Dragan Covic from the Croatian Democratic Union, HDZBiH, declared that he had won the Croat post, after the Central Electoral Commission announced that he had taken around 20,000 more votes than his nearest challenger.
But his main rival, Martin Raguz of HDZ1990, said he still has a chance to win after all the ballots are counted on Monday.
“When 100 per cent of the votes are processed, I believe I will be a member of the presidency of Bosnia and Herzegovina,” Raguz said.
Meanwhile the Alliance of Independent Social Democrats, SNSD, the governing party in Bosnia’ Serb-led entity Republika Srpska, claimed victory for its candidate for the Serb seat in the tripartite presidency, Zeljka Cvijanovic.
Cvijanovic was leading by a few thousand votes after the Central Electoral Commission counted 52 per cent of the ballots.

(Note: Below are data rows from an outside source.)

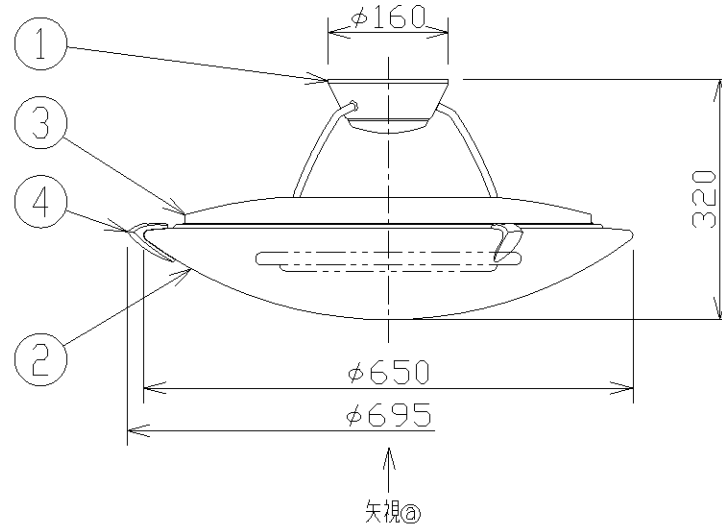

取付寸法 (矢視①)

- 取付簡易型
- プルレススイッチ機能付
- 86Wモード、76Wモード切替スイッチ付
- リモコン切替可能型
(用途に応じて別売リモコンをお求めください)
AEE690127: 防犯用液晶タイマー
AEE690128: OFFタイマー
- 器具取付前に必ず配線器具の固定強度をご確認ください。
木ネジ1本での固定やガタツキのある配線器具への取付は危険ですのでお避けください。
- セードの取付方法は、引掛式です。
- 調光器は使用できません。
- この器具の近くでは赤外線方式のリモコンが作動しない場合がごくまれにありますので、ご注意ください。

7						型番	AHN 637 117
6					入力電圧	100 V	
5	取付金具	銅板	1	メッキ	入力電流	0.69 A	品名 蛍光灯シーリングライト
4	飾り	アルミダイカスト	3	ホワイトブロンズ色メッキ	消費電力	68 W	適合ランプ 欄外参照
3	上面セード	アクリル	1	乳白色 aクリーン	力率	高力率	W × 数 高出力点灯48W+38W
2	セード	アクリル	1	乳白色 aクリーン	重量	4.3 kg	色・形 欄外参照
1	本体	銅板	1	ホワイトブロンズ色メッキ	スイッチ		口金 欄外参照
部番	部品名	材質	数	備考	全灯→全灯段階調光 →豆球		点灯方式 電子安定器(インバータ)
							20100426
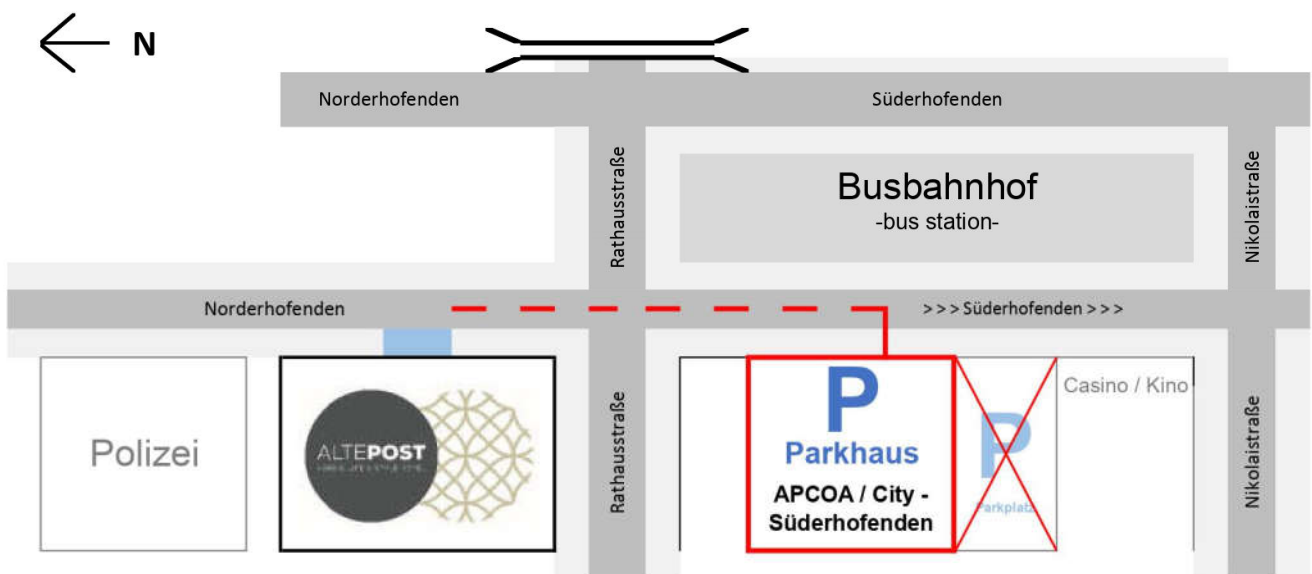

Parken während Ihres Aufenthaltes

Parking during your stay

Sie erhalten an unserer Rezeption ein vergünstigtes Ausfahrtticket für das Parkhaus APCOA / City - Süderhofenden •

At our reception you get a discounted parking ticket for the garage APCOA / City - Süderhofenden

**Haupteingang des Hotels mit 2 Stellplätzen (30 Min.) zur An- und Abreise:
Norderhofenden 1, 24937 Flensburg**

entrance hotel with 2 parking lots (30 min.) for check in and check out:
Norderhofenden 1, 24937 Flensburg

P Parkhaus "City / Süderhofenden"
(Anschrift: Süderhofenden 4-6, Flensburg) - kostenpflichtig
Nach 19 Uhr mit dem Wagen bitte möglichst dicht an das Tor heranfahren, es öffnet dann automatisch.

parking: car park "City / Süderhofenden"
(address: Süderhofenden 4-6, Flensburg) - chargeable
After 7:00 pm please drive as close as possible to the closed gate, it will open automatically.
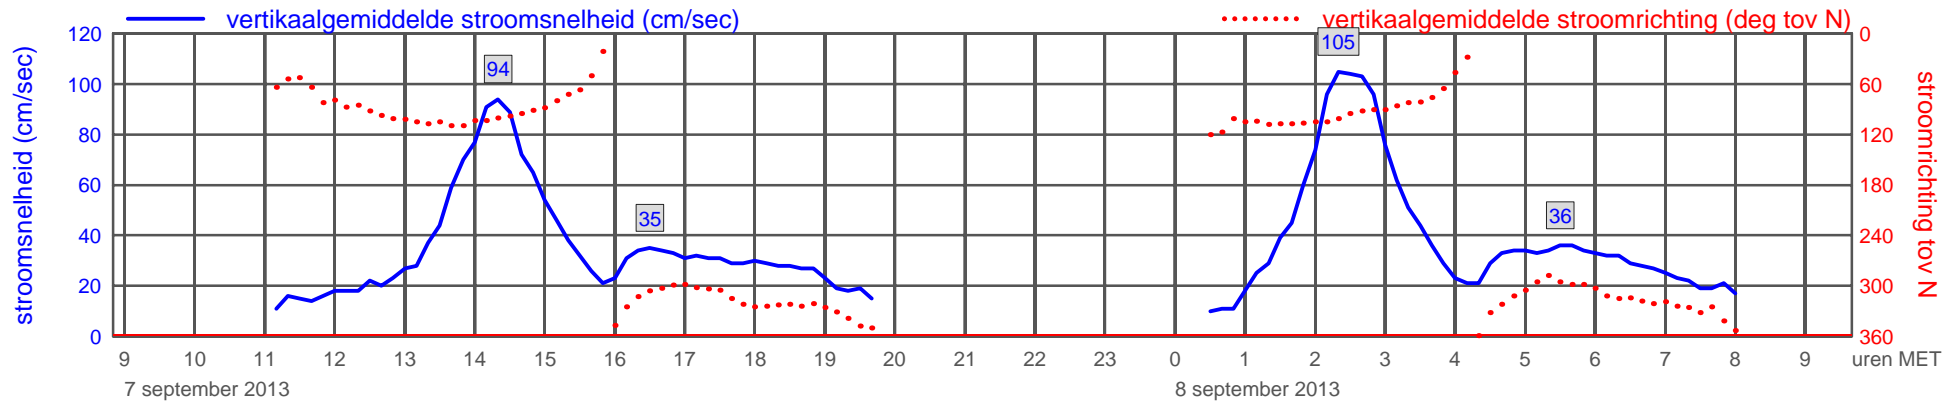

meetpunt HPW_MP0206_201309 (x=030835 , y=381312 , bodem=NAP -1.44 m sensor=NAP -1.34 m)
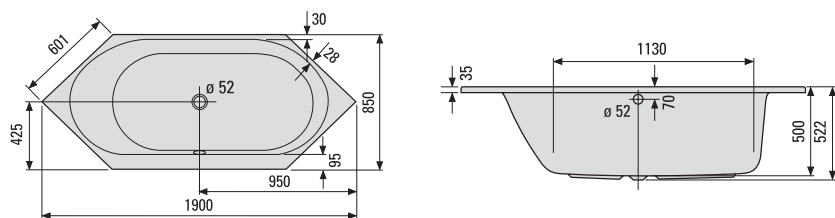

### Bad

Lengte	Onderstel/paneel	Breedte	Diepte	Inhoud Liter	Gewicht kg	Bestelnummer	Prijs wit
1900	- / -	900	450	ca. 215	ca. 25	<b>615.255000</b>	650,-

### Whirlpool

Lengte	Onderstel/Paneel	Breedte	Diepte	Inhoud Liter	Bestelnummer	Prijs bad + WP-prijs wit
1900	inkl. / -	900	450	ca. 215	<b>645.2550XX</b>	op aanvraag

Whirlpooluitvoeringen zie de mogelijkheden achterin

### Toebehoren

	Kleur	Bestelnummer	Prijs
badpoten (verstelbaar van 130 – 185mm)		<b>699.900150</b>	66,-
badanker (set van 3 stuks)		<b>699.900300</b>	38,-
meerprijs voor armatuurboringen		<b>699.902900</b>	96,-
meerprijs voor greepboringen		<b>699.900900</b>	92,-
badgreep	chrom	<b>699.901000</b>	128,-
nekkussen	zilvergrijs (RAL 7001)	<b>699.310021</b>	113,-
nekkussen	lichtgrijs (RAL 7047)	<b>699.310031</b>	113,-

## Zeshoekbad

a = Inbouwhoogte bad min, 650 mm/  
max, 710 mm  
y = Inbouwhoogte whirlpool 680 mm
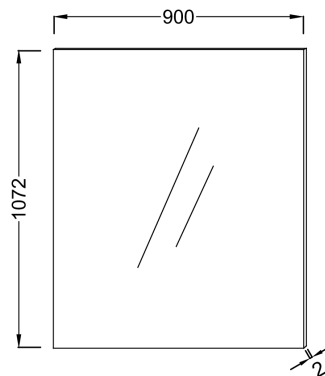

### Caractéristiques techniques

- DIMENSIONS : 90 x 2 x 107,20 cm
- MATÉRIAU : Verre
- ANTIBUÉE : Non
- LUMIÈRE : Non
- OPTIONS : Eclairage
- FIXATION : Set de fixation à déterminer par votre installateur en fonction de votre support mural
- OPTION : Éclairage, compatible avec spot LED EB1224 ou EB1237
- POIDS : 15 kg
- TYPE D'INSTALLATION : Mural
- HORLOGE : Non
- ETAGÈRE : Non
- PRISE ÉLECTRIQUE : Non
- DURÉE GARANTIE (ANNÉES) : 5

### Dessin technique

Descriptif CCTP : Miroir grande hauteur 90 cm. EB1269. Collection : Hors collection. DIMENSIONS : 90 x 2 x 107,20 cm. POIDS : 15 kg. MATÉRIAU : Verre. TYPED'INSTALLATION : Mural. ANTIBUÉE : Non. HORLOGE : Non. LUMIÈRE : Non. ETAGÈRE : Non. OPTIONS : Eclairage. PRISE ÉLECTRIQUE : Non. FIXATION : Set de fixation à déterminer par votre installateur en fonction de votre support mural. DURÉE GARANTIE (ANNÉES) : 5. OPTION : Éclairage, compatible avec spot LED EB1224 ou EB1237.

But the Party of Democratic Progress, PDP, said that according to its own estimates, its candidate for the Serb seat, Mladen Ivanic, was leading by 235,000 to Cvijanovic’s 231,000.
“The sample used by the Central Electoral Commission is not big enough, that’s only half of processed polling stations, and we are sure about our data,” said Igor Crnadak of the PDP.
The Central Electoral Commission said it would declare the results at 2pm local times on Monday.
A total of 3,278,908 voters were eligible to vote but turnout was only 54.14 per cent, two per cent less than at the 2010 polls.
The elections were held on several levels as people voted the tripartite state presidency, the state parliament, the assemblies of Bosnia’s two entities, ten cantonal assemblies within the Federation of Bosnia and Herzegovina and the president of Republika Srpska.
Competing were 50 political parties, 24 coalitions and 24 independent candidates. A total of 7,748 candidates were standing, of whom 42 per cent were women.
Republika Srpska awaits new president
Milorad Dodik from ruling Alliance of Independent Social Democrats, SNSD, has declared that he is leading in the race for the president of Republika Srpska with 12,000 votes more than his main opponent, Ognjen Tadic from the Serb Democratic Party, SDS.
But Tadic also insisted that he was leading the race with a few hundred votes’ advantage, although he said that it would only be clear after the final results are announced by the Central Electoral Commission.
His party counted about 70 per cent of the ballots and claimed that it had won 50.13 per cent of the votes, but said that the difference between the number of votes won by the two candidates was so small that the results could easily change.